Windows Inviolability System is one of those fake anti-spyware programs that are designed to scare you into thinking -ironically- that your computer is infected and attacked by various Trojans and malwares.
At first, the real Trojan will notify the user that a certain file is infected with an Unknown Win32/Trojan. It will then start a fake scan on your system at the end of which you will be prompted that a particular file is infected with Trojan.Horse.Win32.PAV.64.a.
The Trojan will then pop-up a message box suggesting that the only way to get rid of the threat is by installing and downloading Windows Inviolability System. By clicking the OK button, Windows Inviolability System will be automatically downloaded and installed on your system.
Once installed Windows Inviolability System will make it so you won’t be able to access your normal desktop screen.
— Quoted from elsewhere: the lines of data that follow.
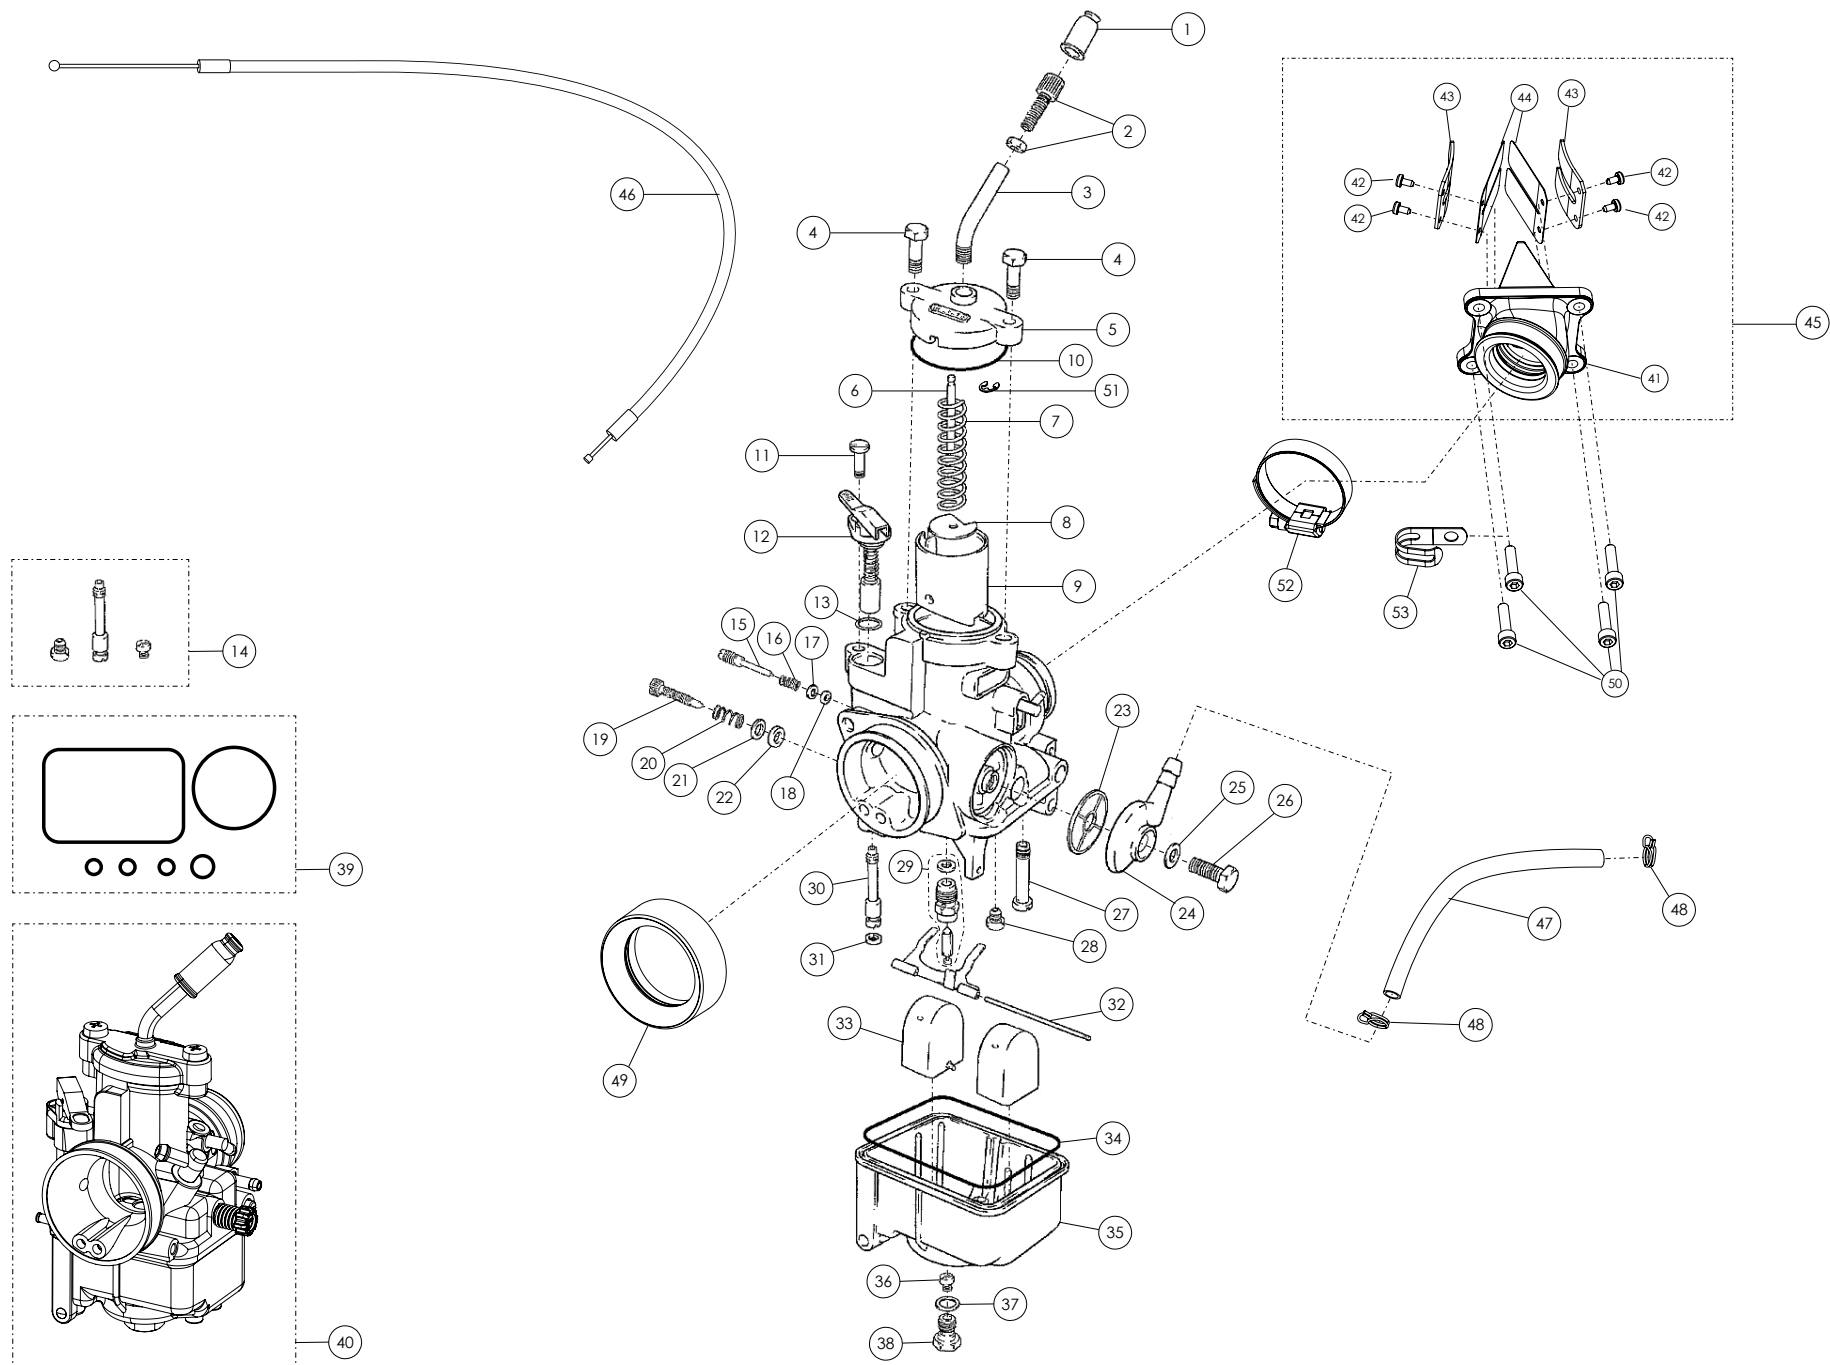

D

C

B

A

Despiece TRRS ONE 2021

14 - CC - Caja de Láminas y Carburador - listado de Piezas

Nº	Código	Descripción	Description	Cantidad
1	70404	Capuchón Tensor Cable Gas	Dust cover, throttle cable	1
2	70405	Cto. Tensor Cable	Cable tension barrel set	1
3	70406	Tubo Tensor Cable Gas	Cable adjuster guide tube	1
4	70407	Tornillo Tapa Carburador	Bolt, carburetor cap	2
5	70408	Tapa Carburador	Carburetor cap	1
6	70409	Aguja D36 3º Punto	Needle, D36	1
7	70410	Muelle Compuerta	Spring, carburetor slide	1
8	70411	Plancha Sujeción Cable Gas	Plate, cable slide lock	1
9	70412	Compuerta 60	Slide, 60	1
10	70413	Tórica Tapa Carburador	O-ring, Carburetor cap	1
11	70414	Tornillo Suj. Starter	Bolt, choke assembly	1
12	70415	Palanca Starter	Choke lever assy.	1
13	70416	Tóricas Starter	O-ring, choke	1
14	70417	Kit Carburación	Carburetor kit	1
15	70418	Tornillo Reg. Entrada Aire	Screw, air mixture adj.	1
16	70419	Muelle Tornillo Reg. Aire	Spring, air mixture adj.	1
17	70420	Arandela Torn. Reg. Aire	Washer, air mixture adj.	1
18	70421	Tórica Tornillo Reg. Aire	O-ring, air mixture adj.	1
19	70422	Tornillo Reg. Compuerta	Screw, engine idle speed adj. (slide)	1
20	70423	Muelle Tornillo Reg. Compuerta	Spring, engine idle speed adj. (slide)	1
21	70424	Arandela Tornillo Reg. Comp.	Washer, engine idle speed adj. (slide)	1
22	70425	Tórica Tornillo Reg. Comp.	O-ring, engine idle speed adj. (slide)	1
23	70426	Filtro Entrada Gasolina	Filter, gasoline entry	1
24	70427	Pipeta Entrada Gasolina	Nipple, gasoline entry	1
25	70428	Junta Tornillo Pipeta	Gasket, gasoline entry nipple	1
26	70429	Tornillo Pipeta	Bolt, center of gasoline entry nipple	1
27	70430	Emulsor	Emulsifier jet	1

Instead you will be presented with a Windows Inviolability System window that will prompt you to perform another scan on your computer.
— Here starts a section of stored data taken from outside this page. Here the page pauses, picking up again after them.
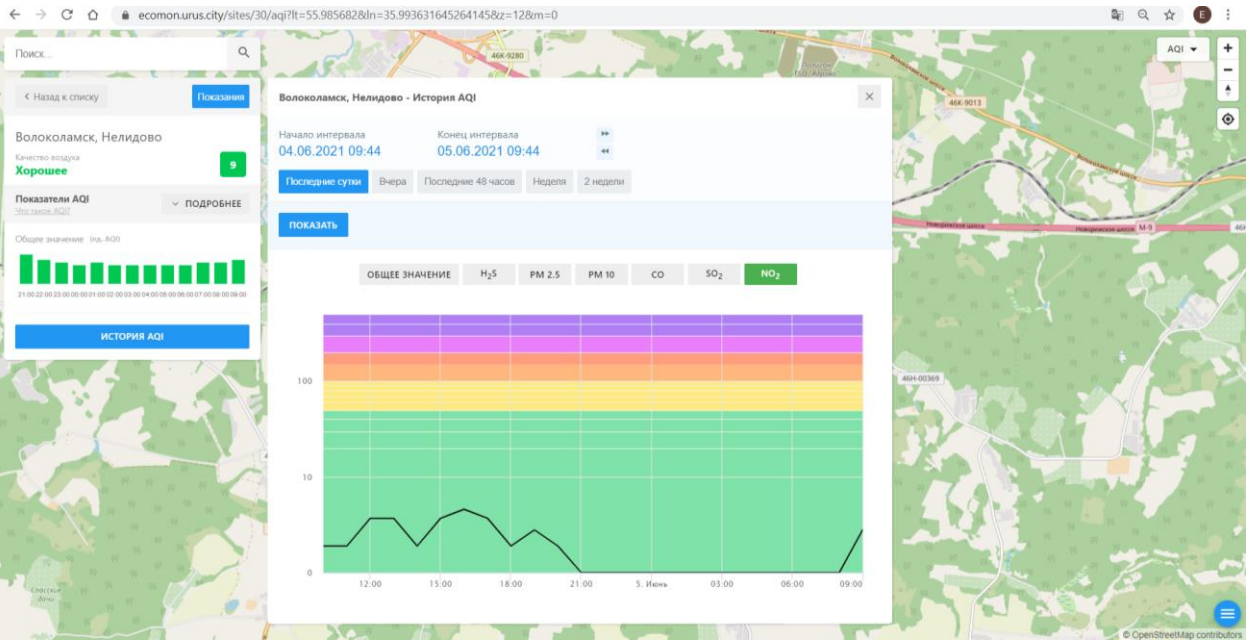

Поиск...

← Назад к списку Положение

Волоколамск, Нелидово
Качество воздуха
Хорошее 9

Показатели AQI
📄 ПОДРОБНЕЕ

Общие значения: (из AQI)

21:00 22:00 23:00 00:00 01:00 02:00 03:00 04:00 05:00 06:00 07:00 08:00 09:00

ИСТОРИЯ AQI

Волоколамск, Нелидово - История AQI

Начало интервала: 04.06.2021 09:44 Конец интервала: 05.06.2021 09:44

Последние сутки Вчера Последние 48 часов Неделя 2 недели

ПОКАЗАТЬ

ОБЩЕЕ ЗНАЧЕНИЕ H₂S **PM 2.5** PM 10 CO SO₂ NO₂

Время	PM 2.5
12:00	~10
15:00	~10
18:00	~10
21:00	~10
5. Июнь	~10
03:00	~10
06:00	~10
09:00	~10

Поиск...

← Назад к списку Показать

Волоколамск, Хлебозавод
Качество воздуха
Удовлетворительное 59

Показатели AQI
Общие значения: (по AQI)
21:00 22:00 23:00 00:00 01:00 02:00 03:00 04:00 05:00 06:00 07:00 08:00 09:00

ИСТОРИЯ AQI

Волоколамск, Хлебозавод - История AQI

Начало интервала: 04.06.2021 09:46 Конец интервала: 05.06.2021 09:46

Последние сутки Вчера Последние 48 часов Неделя 2 недели

ПОКАЗАТЬ

ОБЩЕЕ ЗНАЧЕНИЕ H₂S PM 2.5 PM 10 CO SO₂ **NO₂**
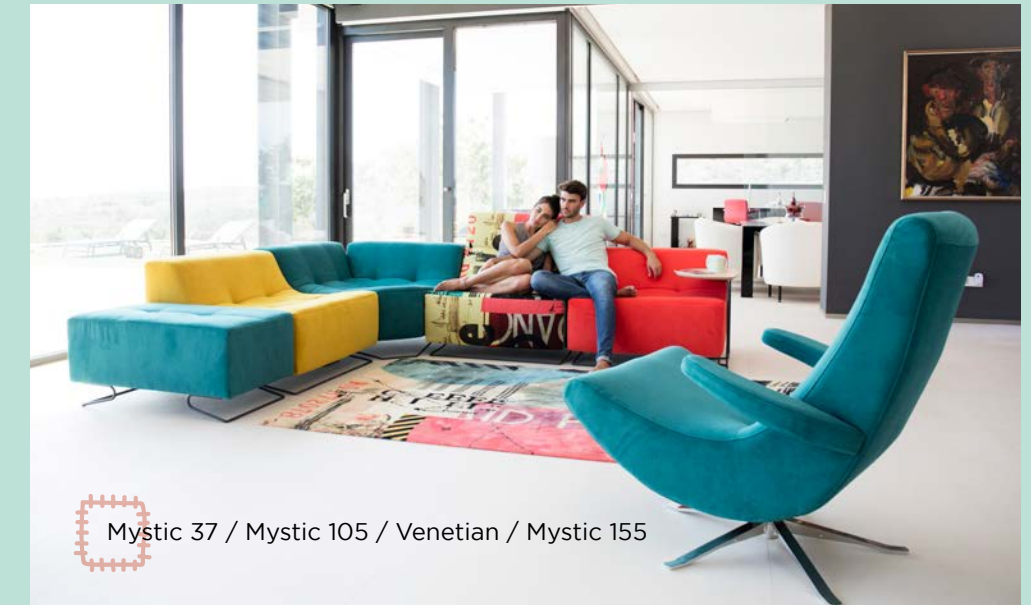

LUCIPOP

LuciPop es un programa modular muy atrevido, que ofrece una comodidad espectacular sin necesidad de mecanismos ni cojines accesorios. Además de su sencillo diseño, su principal cualidad es que tiene la posibilidad de convertirse en desenfundable. Al contrario que la mayoría de sofás desenfundables del mercado, LuciPop es muy fácil de enfundar y las fundas tienen un precio asequible para que el cambiarlas pueda ser algo habitual y continuo. De esta manera podemos cambiar la imagen de nuestro salón siempre que queramos, con distintos diseños y colores, creando moda en nuestro hogar. Existen dos alturas de módulos que nos permiten crear una enorme variedad de combinaciones para adaptarse a todos los hogares e instalaciones. El toque final lo aporta el nuevo sistema patentado de suspensión Flexipop, que aporta una sensación de sentada flexible que sorprende muy agradablemente.

LuciPop is a very daring modular sofa that offers an spectacular comfort without the need for mechanisms or scatter cushions. Apart from its simple design, its main feature is the possibility of including removable covers. Unlike in most of the sofas with removable covers in the market, the covers in LuciPop are very easy to fit and they have an affordable price, so the process of changing the covers is something quick and simple. This way you will be able to change the image of your living room whenever you want, with different patterns and colours, creating fashion in your home. The modules are available in two different heights that allow you to create a huge variety of combinations to fit all homes and facilities. The final touch is provided by the new patented Flexipop suspension system, which offers a flexible sitting sensation that surprises very pleasantly.

Of course, this scan process is also a fake, the tricky part however is that you are not able to access your desktop screen unless you go through this scanning process.
Once the fake scanning is complete, Windows Inviolability System will alert you that your system is highly at risk and that in order to get rid of these threats you will need to buy the full version of Windows Inviolability System.
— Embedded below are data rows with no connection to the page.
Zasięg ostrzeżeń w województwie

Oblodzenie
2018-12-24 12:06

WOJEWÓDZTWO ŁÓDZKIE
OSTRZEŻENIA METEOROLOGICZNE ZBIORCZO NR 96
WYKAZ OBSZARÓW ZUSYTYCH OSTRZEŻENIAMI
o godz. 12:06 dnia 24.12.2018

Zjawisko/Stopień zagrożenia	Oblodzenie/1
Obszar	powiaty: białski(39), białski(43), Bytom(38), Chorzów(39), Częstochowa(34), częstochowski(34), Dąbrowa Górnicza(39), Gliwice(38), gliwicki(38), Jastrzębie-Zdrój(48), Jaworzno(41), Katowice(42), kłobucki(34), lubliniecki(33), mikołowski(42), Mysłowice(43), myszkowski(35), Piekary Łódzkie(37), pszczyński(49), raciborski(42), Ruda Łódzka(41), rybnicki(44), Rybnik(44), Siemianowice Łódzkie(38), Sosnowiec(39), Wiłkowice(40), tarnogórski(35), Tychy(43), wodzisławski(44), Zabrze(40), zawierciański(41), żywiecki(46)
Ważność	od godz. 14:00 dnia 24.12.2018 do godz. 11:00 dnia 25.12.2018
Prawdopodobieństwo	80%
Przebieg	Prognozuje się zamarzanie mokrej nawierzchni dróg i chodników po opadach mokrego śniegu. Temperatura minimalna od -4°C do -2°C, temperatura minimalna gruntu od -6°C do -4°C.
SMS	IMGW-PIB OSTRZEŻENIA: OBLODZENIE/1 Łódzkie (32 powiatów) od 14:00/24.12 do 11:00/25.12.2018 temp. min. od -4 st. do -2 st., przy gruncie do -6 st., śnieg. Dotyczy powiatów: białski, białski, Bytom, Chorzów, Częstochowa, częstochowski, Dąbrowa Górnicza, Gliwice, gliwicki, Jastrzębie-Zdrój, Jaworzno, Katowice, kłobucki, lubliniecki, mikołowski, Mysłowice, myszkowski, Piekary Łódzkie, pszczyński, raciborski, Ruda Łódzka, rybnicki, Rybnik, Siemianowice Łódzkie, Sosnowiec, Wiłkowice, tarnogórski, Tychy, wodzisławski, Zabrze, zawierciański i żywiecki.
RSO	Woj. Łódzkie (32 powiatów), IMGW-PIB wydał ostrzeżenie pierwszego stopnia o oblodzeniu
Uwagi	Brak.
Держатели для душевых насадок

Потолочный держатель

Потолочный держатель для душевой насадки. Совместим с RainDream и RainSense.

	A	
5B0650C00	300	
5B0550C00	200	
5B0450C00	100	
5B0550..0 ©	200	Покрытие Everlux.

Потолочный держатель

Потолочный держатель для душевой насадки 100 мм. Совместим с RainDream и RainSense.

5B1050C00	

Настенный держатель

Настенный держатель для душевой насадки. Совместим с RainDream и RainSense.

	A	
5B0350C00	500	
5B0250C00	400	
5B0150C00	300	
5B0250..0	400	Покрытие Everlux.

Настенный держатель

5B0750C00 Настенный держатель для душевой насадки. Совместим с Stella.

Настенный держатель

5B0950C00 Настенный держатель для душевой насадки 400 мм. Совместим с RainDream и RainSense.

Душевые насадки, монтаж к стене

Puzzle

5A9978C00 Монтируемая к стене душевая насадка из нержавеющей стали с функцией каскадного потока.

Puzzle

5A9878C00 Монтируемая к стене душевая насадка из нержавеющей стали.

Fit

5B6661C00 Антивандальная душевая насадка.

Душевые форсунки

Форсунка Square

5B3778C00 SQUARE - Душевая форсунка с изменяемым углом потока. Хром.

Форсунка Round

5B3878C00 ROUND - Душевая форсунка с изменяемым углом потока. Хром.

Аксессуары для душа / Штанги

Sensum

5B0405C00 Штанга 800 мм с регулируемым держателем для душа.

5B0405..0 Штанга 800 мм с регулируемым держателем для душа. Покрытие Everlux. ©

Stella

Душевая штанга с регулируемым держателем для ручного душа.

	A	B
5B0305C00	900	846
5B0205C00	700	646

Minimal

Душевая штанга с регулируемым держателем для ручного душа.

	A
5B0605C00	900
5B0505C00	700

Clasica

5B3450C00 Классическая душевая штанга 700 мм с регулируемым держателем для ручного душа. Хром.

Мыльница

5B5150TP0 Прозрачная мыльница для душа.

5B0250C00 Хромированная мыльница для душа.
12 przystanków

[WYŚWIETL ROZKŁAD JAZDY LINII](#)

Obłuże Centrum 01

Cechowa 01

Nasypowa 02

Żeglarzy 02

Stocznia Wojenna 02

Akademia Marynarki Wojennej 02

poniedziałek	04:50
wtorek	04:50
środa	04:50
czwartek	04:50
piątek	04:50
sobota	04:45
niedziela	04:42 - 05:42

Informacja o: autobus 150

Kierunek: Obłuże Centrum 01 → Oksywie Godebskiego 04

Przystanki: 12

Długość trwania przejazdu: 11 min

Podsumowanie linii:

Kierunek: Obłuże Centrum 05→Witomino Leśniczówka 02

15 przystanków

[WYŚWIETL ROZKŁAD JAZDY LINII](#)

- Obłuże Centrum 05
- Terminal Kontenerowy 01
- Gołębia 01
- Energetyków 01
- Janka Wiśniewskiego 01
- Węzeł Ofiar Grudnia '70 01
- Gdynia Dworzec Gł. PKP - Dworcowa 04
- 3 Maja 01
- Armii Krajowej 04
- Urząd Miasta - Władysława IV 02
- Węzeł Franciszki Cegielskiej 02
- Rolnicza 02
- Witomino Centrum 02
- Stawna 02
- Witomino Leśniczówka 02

Do NOT give away your credit card information as this is merely a scam in order for you to give away your money and credit card information. The so called full version of the program is also a fake.
Now, before we go on with the disinfection process you need to keep in mind that:
- You won’t be able to access your normal desktop screen unless you go through the tedious fake scanning process. After that you will be able to press X in the top-right side of the Windows Inviolability System window.
- You will need to download RKill, Shell.reg and Malwarebytes’ Anti-Malware MBAM.
- You might not be able to access the internet from the infected machine. If that’s the case you will need to download the above mentioned programs on another clean computer after which you will transfer these necessary programs on the infected machine via CD/DVD, USB flash drive etc.
Windows Inviolability System Removal Guide
-Install and run RKill on the infected machine in order to kill any Windows Inviolability System related processes. In case Windows Inviolability System gives you a hard time scanning your computer and you are not able to do so, try downloading a renamed version of RKill (e.g. iExplorer.exe) from the RKill link provided above. After finishing this step do NOT reboot your computer or you will need to start the guide all over again.
-Now, before we get to MBAM and the actual disinfection you will need to restore your Windows Registry Shell value else you will not be able to access your normal desktop screen after you get rid of Windows Inviolability System. Run Shell.reg and let it merge the data.
-It’s time to make use of Malwarebytes’ Anti-Malware (MBAM). Start the installation process by double-clicking on mbam-setup.exe and make sure that while at the installation process the buttons named Update Malwarebytes’ Anti-Malware and Launch Malwarebytes’ Anti-Malware are checked. After the installation is complete reboot your computer if prompted to do so.
-Once your system reboots MBAM will start and update itself automatically. Go to the Scanner tab, make sure that the Perform Full Scan is checked and then press the Scan button below. MBAM will now scan your computer for threats.
-After the scanning is complete you will be presented with a list of threats found on your computer. Make sure all these threats are checked and then press the Remove Selected button below. After MBAM finishes removing these threats you might be prompted for a reboot. Please do so.
If you have followed these steps accordingly your computer should now be clean. However consider following this Secunia PSI guide in order to detect if there are any vulnerable programs on your system that might leave the door open for future threats.